Two days later I stopped by Columbia’s Saxton B. Little Library, where I met town historian De Ramm. With her help, I unearthed two nineteenth-century maps of Columbia. A copy of an 1857 wall map, made before Columbia Lake was constructed, clearly showed the brook (then apparently nameless), along with one mill dam, a millpond, a sawmill just below the dam, and – further upstream – a beaver pond. The map also showed the ravine, but no roadway, which must not have been a public road. The mill was labeled “Holbrook’s sawmill.” A second map, from a county atlas published after Columbia Lake was constructed in 1865, also showed one mill – an “s. mill” – but did not give the miller’s name. It seemed unlikely that that there were ever as many as five mills on the stream.
My next trip was to the State Library in Hartford, to look at federal census records. Beginning in 1850 the census recorded information on all of the “industries” – including country mills – in each town in the United States. The town-by-town reports are available on microfilm. With my head thrust into a microfilm reader, squinting to make out the enumerators’ handwriting, I scanned the 1850, 1860, 1870, and 1880 reports for Columbia, hoping to find out more about the mills on Columbia Lake Brook. The 1850 census showed only one sawmill and one shingle mill in all of Columbia, both belonging to Joseph Clarke. Other evidence indicated that Clarke’s mills were in a different part of town and not on Columbia Lake Brook. The 1860 census, however, showed eight sawmills and two shingle mills, a remarkable increase in just 10 years. Clarke’s two mills were still listed – but so, too, was a sawmill owned by L. Holbrook. I had found it!
Holbrook’s mill was typical. It had a capital value of only $500, about average for a country mill. It had only one saw and one employee, probably Holbrook himself. It was a custom mill, taking in 80 cords of logs each year from neighborhood farmers, and producing 80,000 board feet of lumber valued at $800.
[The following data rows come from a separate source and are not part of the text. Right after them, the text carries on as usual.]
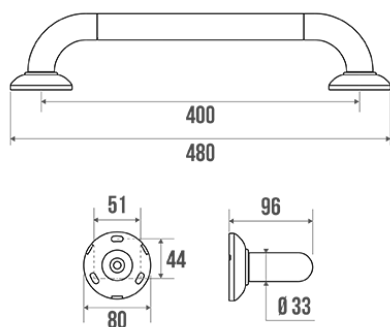

Technische fiche

Informaties

Aanstelling	Rechte staaf 400 mm, Polyalu, Wit
Referentie	046140

De pluspunten

- + Onzichtbare bevestigingen.
- + Anti-corrosie garantie.

Beschrijving

Aluminium profiel bedekt met wit PVC, Ø 33 mm, Polyamide rozetten, 400 mm

Technische kenmerken

Kleur	Wit
Afmetingen	400 mm
Diameter Ø	33 mm
Materiaal	Polyaluminium
Brutogewicht	0.645 kg
Verpakking	Bedrukte kunststof beschermingslaag
Aanvaardbare last	150 kg
Getest in laboratorium aan	225 kg
Franse productie	ja
Onderhoud	ja
Waarborg	10 jaar
Gencod	3563390461402
Douanecode	7615200000

Infoblad

[A55182801_IND_04](#)

Wissel stukken

Ref. 046100, Polyalu cover plate. Ref. 046101, Bag of 3 stainless steel screws. Ref. 046288, Flange, cover plate and fixings.

Ondehoud en installatie gids

Aanbevolen hoogte 80 cm van de bodem. Steungreep toe te voegen veiligheid van de gebruiker wanneer geïnstalleerd volgens de instructies. De kracht die wordt verdragen door de wandbevestiging vraagt een precieze selectie van schroefwerk en pluggen die is afgestemd op het karakter van de wandsteen. De keus voor wandbevestigingen (schroeven en pluggen) die geschikt zijn voor uw wandsteen is de beste garantie voor een lange levensduur van uw accessoire. We raden u aan om inox schroeven te kiezen. In een vochtige omgeving vermijdt u hiermee corrosie (Ø 4 mm). Alvorens de wand te doorboren, houdt u het product tegen de wand en markeert u de plaatsen waar u moet boren. Alle bevestigingspunten moeten strikt worden nageleefd. Gebruik de steungreep niet als opstapje om iets vast te grijpen, ga er niet op zitten en ga er niet aan hangen. Gebruik deze enkel als hulpmiddel.
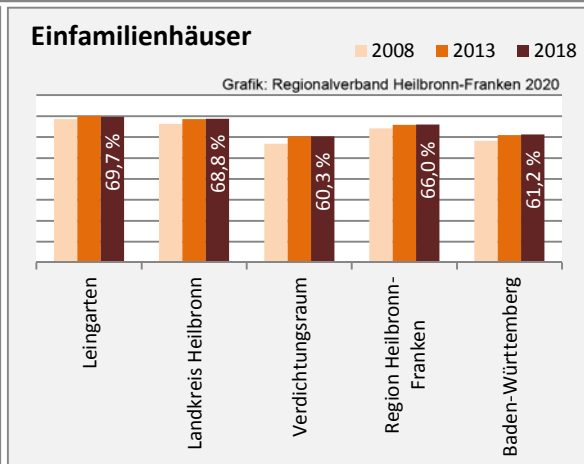

Geburten und Sterbefälle in Leingarten

Grafik: Regionalverband Heilbronn-Franken 2020

5-Jahres-Wertung (2014 - 2018): natürliche Bevölkerungsentwicklung

Grafik: Regionalverband Heilbronn-Franken 2020

Wanderungssaldi Leingarten

Grafik: Regionalverband Heilbronn-Franken 2020

5-Jahres-Wertung (2014 - 2018): Wanderungsgewinne bzw. -verluste pro 1.000 Einwohner

Datengrundlage: Landesamt für Statistik Baden-Württemberg

Abbildungen und Berechnungen: Regionalverband Heilbronn-Franken

Leingarten - Bevölkerung

Leingarten - Beschäftigung

Datengrundlage: Statistik der Bundesagentur für Arbeit

Abbildungen und Berechnungen: Regionalverband Heilbronn-Franken

Leingarten - Pendlerverflechtungen 2019

Pendlersaldo: -577

Datengrundlage: Statistik der Bundesagentur für Arbeit

Abbildungen: Regionalverband Heilbronn-Franken (keine Berücksichtigung von Werten unter 30)

Leingarten - Wohnungsbestand und -entwicklung
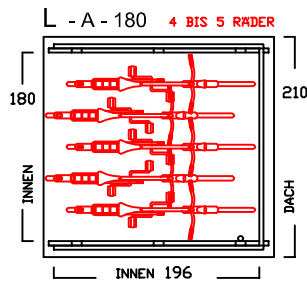

BIKEPORT L IN 36 GRÖSSEN

SEITE 1 von 5

BIKEPORT L - A -

INNENBREITE:
100-120-140-160-180-200
SEITENLÄNGE: 220

SEITENWAND 5° FALLEND

BIKEPORT L - B -

INNENBREITE:
100-120-140-160-180-200
SEITENLÄNGE: 220

SEITENWAND 5° FALLEND

BIKEPORT L - C -

INNENBREITE:
100-120-140-160-180-200
SEITENLÄNGE: 240

SEITENWAND 5° FALLEND

BIKEPORT L - D -

INNENBREITE:
100-120-140-160-180-200
SEITENLÄNGE: 260

SEITENWAND 5° FALLEND

BIKEPORT L - E -

INNENBREITE:
100-120-140-160-180-200
SEITENLÄNGE: 280

SEITENWAND 5° FALLEND

BIKEPORT L - PLUS -

INNENBREITE:
100-120-140-160-180-200-220
SEITENLÄNGE: 280

SEITENWAND 5° FALLEND

BIKEPORT L

BIKEPORT L - A -

BIKEPORT L - B -

BIKEPORT L

BIKEPORT L - C -

BIKEPORT L - D -

BIKEPORT L PLUS IN 7 BREITEN

Für Fahrräder und Mülltonnen

Die Typen ZG D sind hauptsächlich ausgelegt für Motorräder, Chopper- Motorräder (Tiefe) beträgt 256cm

Typ	DP L-D120	DP L-D140	DP L-D160	DP L-D180	DP L-D200	DP L-D220	DP L-D240	DP L-D260
Innenmasse/Nutzfläche Länge / Breite	256 / 120 cm	256 / 140 cm	256 / 160 cm	256 / 180 cm	256 / 200 cm	256 / 220 cm	256 / 240 cm	256 / 260 cm
Volumen ca.	5490 l	6410 l	7330 l	8240 l	9160 l	10077 l	10994 l	11911 l
Seitenhöhe Innen	192 cm	192 cm	192 cm	192 cm	192 cm	192 cm	192 cm	192 cm
Komplettpreis; unbehandeltes Fichtenholz (wahlweise mit Bodenanker oder -winkel)	1.710 €	1.810 €	1.910 €	2.010 €	2.110 €	2.210 €	2.310 €	2.420 €
Mehrpreis: Kesseldruckimprägniertes Fichtenholz	200 €	210 €	220 €	230 €	240 €	250 €	260 €	270 €
Mehrpreis: Lärchenholz	400 €	420 €	440 €	460 €	480 €	500 €	520 €	540 €
ALU Stehfalzdach schwarz/anthrazit	230 €	250 €	270 €	290 €	310 €	330 €	350 €	370 €
Lieferung (in Elementen) * Lieferung nur mit zweiteiligem Dach, zus. Montageaufwand erforderlich	190 €	190 €	220 €	220 €	* 260 €	* 260 €	* 260 €	* 260 €
Montage bis 300km (Umkreis HH-Billbrook)	auf Anfrage	auf Anfrage	auf Anfrage	auf Anfrage	auf Anfrage	auf Anfrage	auf Anfrage	auf Anfrage
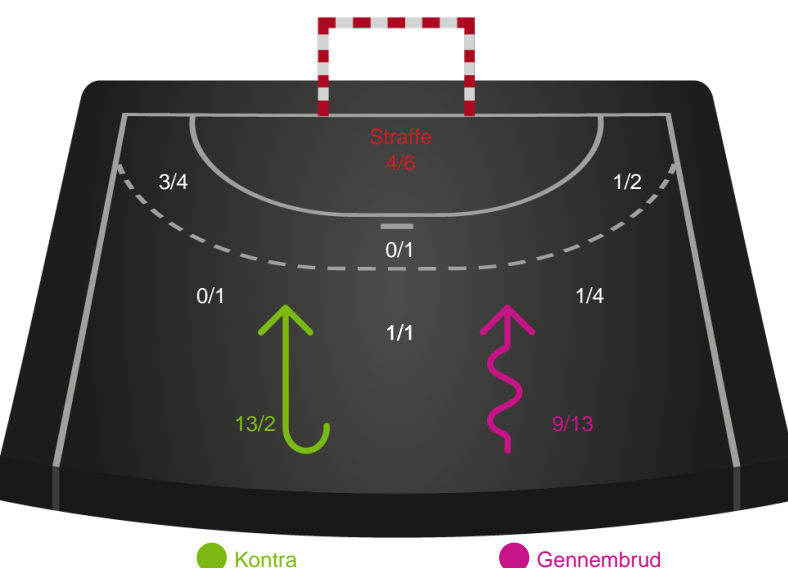

Ikast Håndbold

Skuddiagram
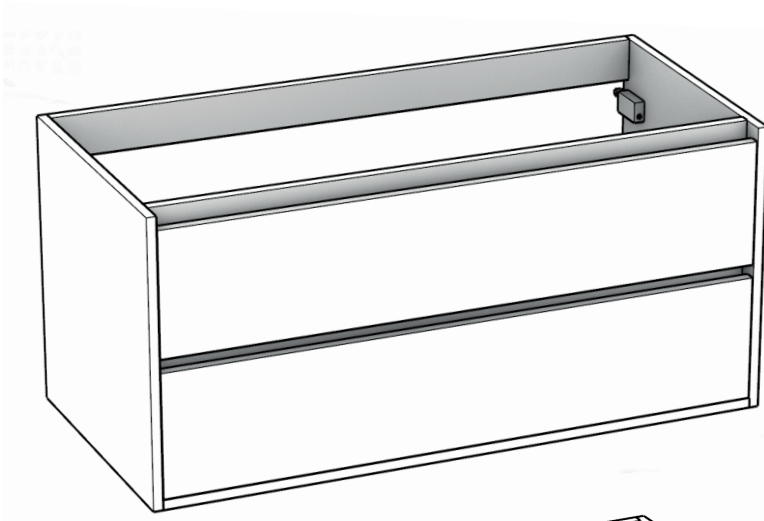

Linea **CAMPIGLIO** **P39 Salvaspazio**

CAMPIGLIO 60

60x55x39

CAMPIGLIO 80

80x55x39

CAMPIGLIO 100

100x55x39

CONTENUTO DELLA CONFEZIONE

PRODUZIONE
ITALIANA

FISSAGGIO A PARETE

FISSAGGIO CON SILICONATURA

Dopo aver installato il rubinetto, stendere un filo di silicone sui fianchi della base per evitare infiltrazioni d'acqua.
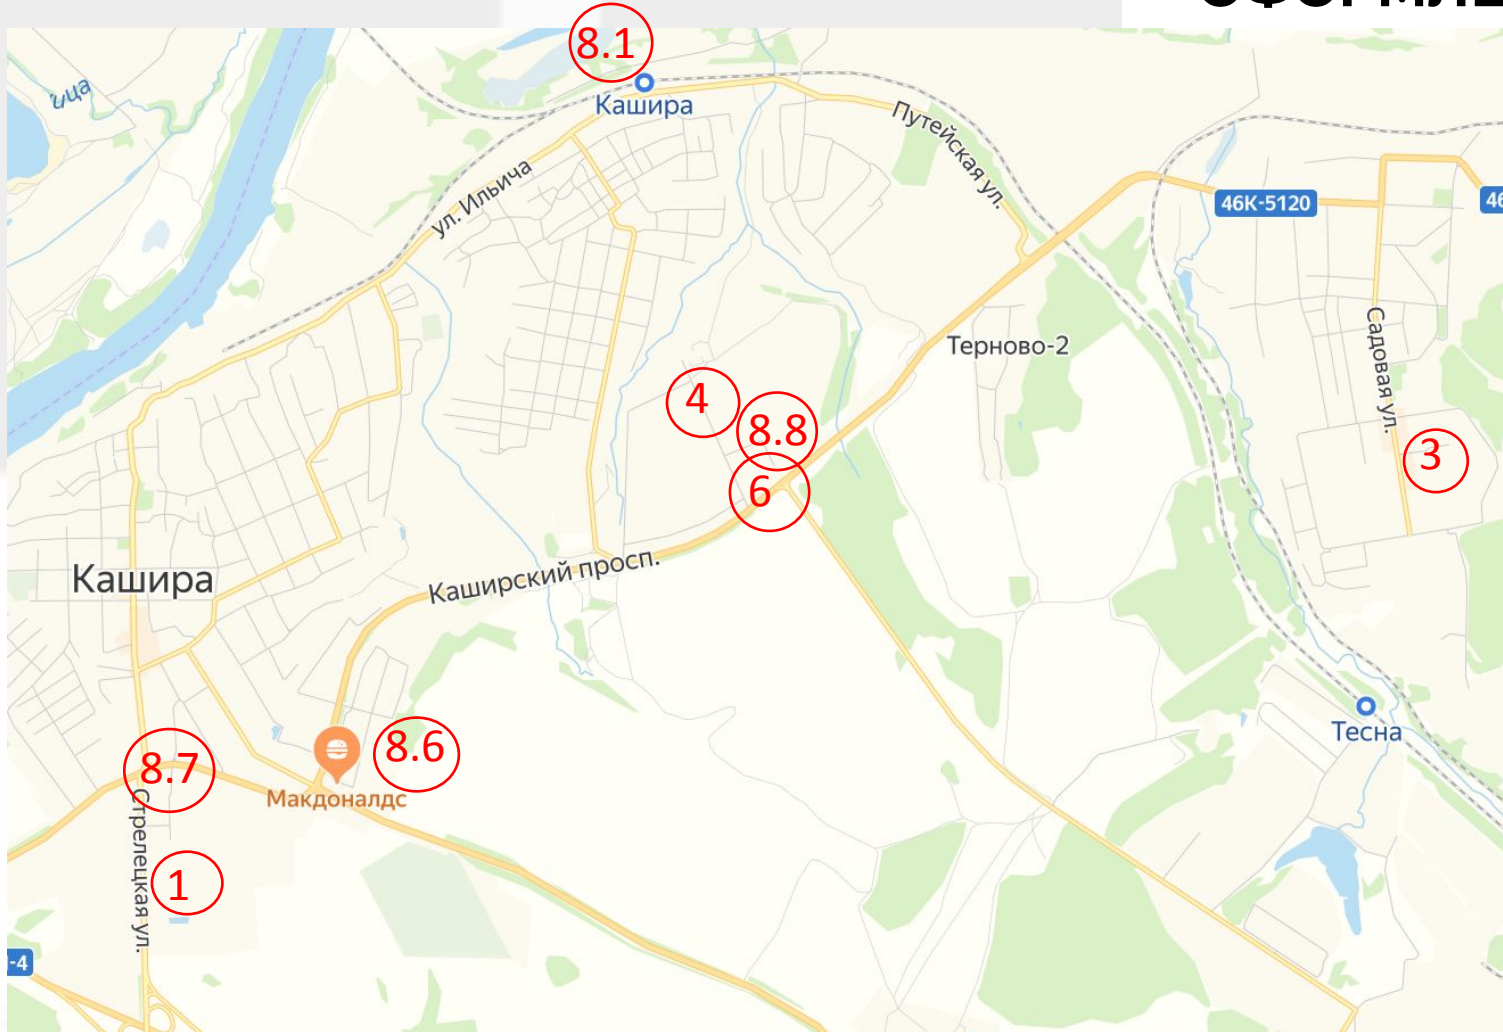

**КОНЦЕПЦИЯ
ПРАЗДНИЧНОГО
ТЕМАТИЧЕСКОГО И
СВЕТОВОГО
ОФОРМЛЕНИЯ КО
ДНЮ ГОРОДА КАШИРА**

СХЕМА ТЕРРИТОРИИ ПРАЗДНИЧНОГО ОФОРМЛЕНИЯ

1. ул.Стрелецкая
2. ул. Советская
3. ул. Садовая
4. ул. Ленина
5. сквер Генерала Белова
6. Здание Администрации
7. Мост
8. Входные группы:
 - 8.1. ЖД станция
 - 8.2. Пересечение ул. Садовая и ул. Клубная
 - 8.3. Пересечение ул. Садовая и ул. Металлистов
 - 8.4. Пересечение ул. Садовая и ул. Центральная
 - 8.5. ул. Садовая напротив ЗАГСА
 - 8.6. у Макдоналдса лужайка
 - 8.7. Пересечение ул. Стрелецкая и Каширский проспект
 - 8.8. Дорога из Новоселок в Каширу

СХЕМА ТЕРРИТОРИИ ПРАЗДНИЧНОГО ОФОРМЛЕНИЯ

1. ул.Стрелецкая
2. ул. Советская
3. ул. Садовая
4. ул. Ленина
5. сквер Генерала Белова
6. Здание Администрации
7. Мост
8. Входные группы:
 - 8.1. ЖД станция
 - 8.2. Пересечение ул. Садовая и ул. Клубная
 - 8.3. Пересечение ул. Садовая и ул. Metallistov
 - 8.4. Пересечение ул. Садовая и ул. Центральная
 - 8.5. ул. Садовая напротив ЗАГСА
 - 8.6. у Макдоналдса лужайка
 - 8.7. Пересечение ул. Стрелецкая и Каширский проспект
 - 8.8. Дорога из Новоселок в Каширу
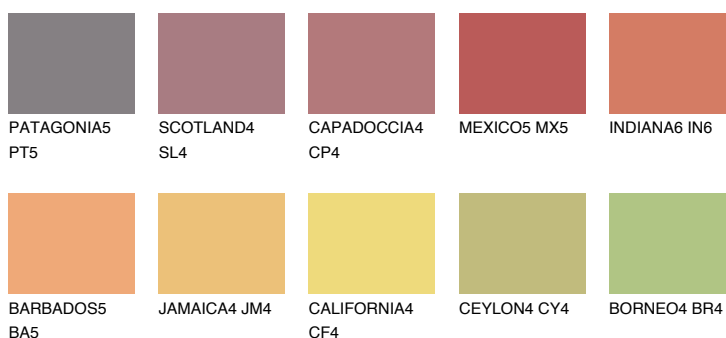

## INDIANA5 IN5

☀ 39% **TSR** 58%

### Matching colours

#### Цветове

#### Интензивни

За повече информация за мазилки и бои, вижте на  
[www.ceresit.bg](http://www.ceresit.bg)

\*Показаните цветове се отнасят за мазилки и бои Ceresit. Поради използването на цифрови техники, представените цветове може да се различават от оригиналните и поради тази причина не могат да се разглеждат като надеждно цветово представяне. Препоръчваме да проверите автентични цветови мостри.
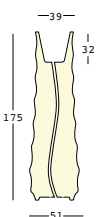

roo light

design Monica Graffeo

STRUTTURA/STRUCTURE

PE - Polietilene/Polyethylene
colore base/basic colour

KIT LUCE/LIGHT KIT

indoor

outdoor

8235 - indoor

98

9235 - outdoor

98

A4183 - indoor

dettagli/details

Cavo trasparente/
Transparent cable

Pulsantiera a pedale/
Foot switch

Spina europea bipolare/
European bipolar plug

Lunghezza cavo 370 cm/
Wire length 370 cm

Predisposizione per
base di stabilizzazione/
Arrangement for stability base

A4182 - outdoor

dettagli/details

Guscio in policarbonato/
Polycarbonate shell

Guarnizione a tenuta/
Gasket seal

The 1870 census showed seven sawmills and/or shingle mills (it did not distinguish between them) in Columbia, but none belonging to Holbrook. Had the mill closed? Had it been sold to someone else? It was impossible to tell. The 1880 census showed only one water-powered sawmill or shingle mill in all Columbia – Joseph Clarke’s. A shift in technology had occurred. Four efficient new steam-powered sawmills were now in operation, the census said, driving the old water-powered mills out of business. Clarke’s mill was clearly out-classed. In 1850 Clarke’s sawmill had produced $550 worth of lumber and his shingle mill another $525 worth of shingles; in 1860 his combined output was valued at $1,000; and in 1870 he produced $2,500 worth of lumber and shingles. But in 1880 his combined produce was valued at only $450. The Age of Water was coming to an abrupt end. The Age of Steam was replacing it.
Historians sometimes refer to the period of American history before the Civil War as the Age of Water or the Age of Wood. And so it was. Water provided power. Wood provided fuel, building material, fence posts, ships, wagons, tools, and other vital goods. When used for building, wood comprised the flesh, muscle, and sinew of the structure. But underneath the wooden exterior there usually lay a skeleton of stone. Time has destroyed much of the old wood superstructures, but the stone frequently remains, like the mill dams of Columbia Lake Brook, buried beneath the earth, leaves, and brambles, reminders of an earlier time.